Unreal. "hear about it in the general public". We get plenty of anecdotal evidence every single day. Besides your fellow wingnut, Piezoe, alluded to Shadowstats multiple times to defend the higher education cartel in their neverending tuition inflation.
Just more of his troll behavior. He'll ask you for "proof", then go ahead and dismiss the proof because HE decides it's a "fringe" site..(as he's done with Zerohedge).
This is why I laughed at the "discredited" statement, just after he posted the "anything you don't agree with is dismissed as fake".
I put "been discredited" in quotes because you were first to use it, back when Yglesias was the topic (and Max was criticizing his... appearance). I should have put a smiley on this one today, so I could claim I was laughing, too.

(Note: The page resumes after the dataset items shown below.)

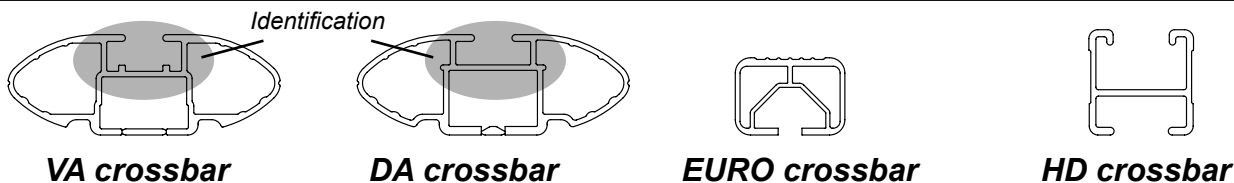

DK046/DK046H Rhino-Rack VA, DA, Euro & HD Crossbar instruction

IDENTIFICATION CHART

Vehicle	Date	Crossbar	FRONT CROSSBAR					REAR CROSSBAR				
			Front Right Pad/Clamp	Front Left Pad/Clamp	Measurement strip length per side	Measurement strip length per side	Measurement Distance (x)	Foot plate arrow direction	Rear Right Pad/Clamp	Rear Left Pad/Clamp	Measurement strip length per side	Measurement strip length per side
Ford Fiesta 5dr Hatch	09-	1180mm	M366 SUB0144	199mm	144mm	966mm / 38,1/32"	OUT	M366 SUB0144	175mm	120mm	918mm / 36,9/64"	OUT
			Pad Arrow FORWARD					Pad Arrow FORWARD				
BMW 5 Series 4dr Sedan E60	03-10	1260mm	M366 SUB0144	184mm	71mm	1016mm / 40"	OUT	M366 SUB0144	185mm	72mm	1018mm / 40,5/64"	OUT
			Pad Arrow FORWARD					Pad Arrow FORWARD				
Dodge Avenger 4dr Sedan	08-	1260mm	M366 SUB0144	194mm	81mm	1036mm / 40,25/32"	OUT	M366 SUB0144	189mm	76mm	1026mm / 40,25/64"	OUT
			Pad Arrow FORWARD					Pad Arrow FORWARD				
Toyota Tacoma 4dr Access Cab	05-	1375mm	M366 SUB0144	163mm	108mm	1089mm / 42,7/8"	OUT	M366 SUB0144	153mm	98mm	1069mm / 42,3/32"	OUT
			Pad Arrow FORWARD					Pad Arrow FORWARD				
Toyota Tacoma 2dr Reg. Cab	05-	1375mm	M366 SUB0144	164mm	109mm	1091mm / 42,61/64"	OUT	M366 SUB0144	N/A	N/A	N/A	N/A
			Pad Arrow FORWARD					Pad Arrow FORWARD				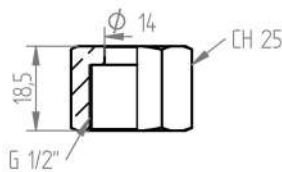

BICONI / WELDINGS (1:1)

DADI / NUTS (1:1)

9R3

MEZZI DADI / HALF NUTS (1:1)

DVG

Ricambi / Spare parts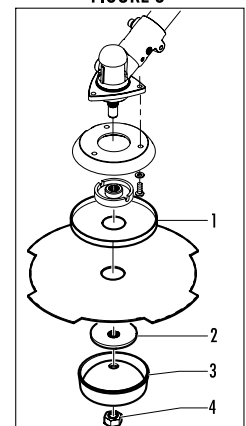

brand	MCCULLOCH

date	FEB/04	SHEET 1/4

Model	Prefix
SUPREME 300L	01

Product number
953900507

FIGURE 3

The only difference is that, in the Yglesias topic, I offered specific reasons detailed why the article from him was flawed. You used his blog to support your argument on how the Fed could unwind it's stimulus. You said "I read something last week that detailed how it could work." I then asked you to explain further, and, true to Ricter form, you provided me with a google search result as your answer. I then took the time to review the top 10 results, one of which was Yglesias (and incidentally that was the only result in the top 10 that spoke even to the topic you were trying to respond to). I explained why his answer to Fed unwinding would not work here. You never did try to debate that and just exited the thread soon after. Here is another thread where I called out flaws in Yglesias, the blogger's, post about how unemployment could be affected by monetary policy. You never did answer that either, and did the ol' Ricter 2 step away. Williams from shadowstats simply took the original BLS methodology and applied it to today's prices, and got what inflation would look like without the BLS admitted changes in their data. There's not a whole lot of complexity to what he did. You compare this to a blogger who writes editorials without any data to back up his arguments.
(CNSNews.com) - The average price for a kilowatthour (KWH) of electricity hit a March record of 13.5 cents, according data released yesterday by the Bureau of Labor Statistics. That was up about 5.5 percent from 12.8 cents per KWH in March 2013. The relative price of electricity in the United States tends to rise in spring, peak in summer, and decline in fall. Last year, after the price of a KWH averaged 12.8 cents in March, it rose to an all-time high of 13.7 cents in June, July, August and September. If the prevailing trend holds, the average price of a KWH would hit a new record this summer.
Ah, thank you for bringing this thread back, Lucrum. I had been meaning to do so in the last week but had gotten sidetracked. Gas at record pricing for this time of year. Beef prices: Pork: Shrimp! lol Bah, who needs protein! Let the peasants eat cake! From Bloomberg: Maybe Ricter will give us some circulars of "stores near us" that show cheap beef prices.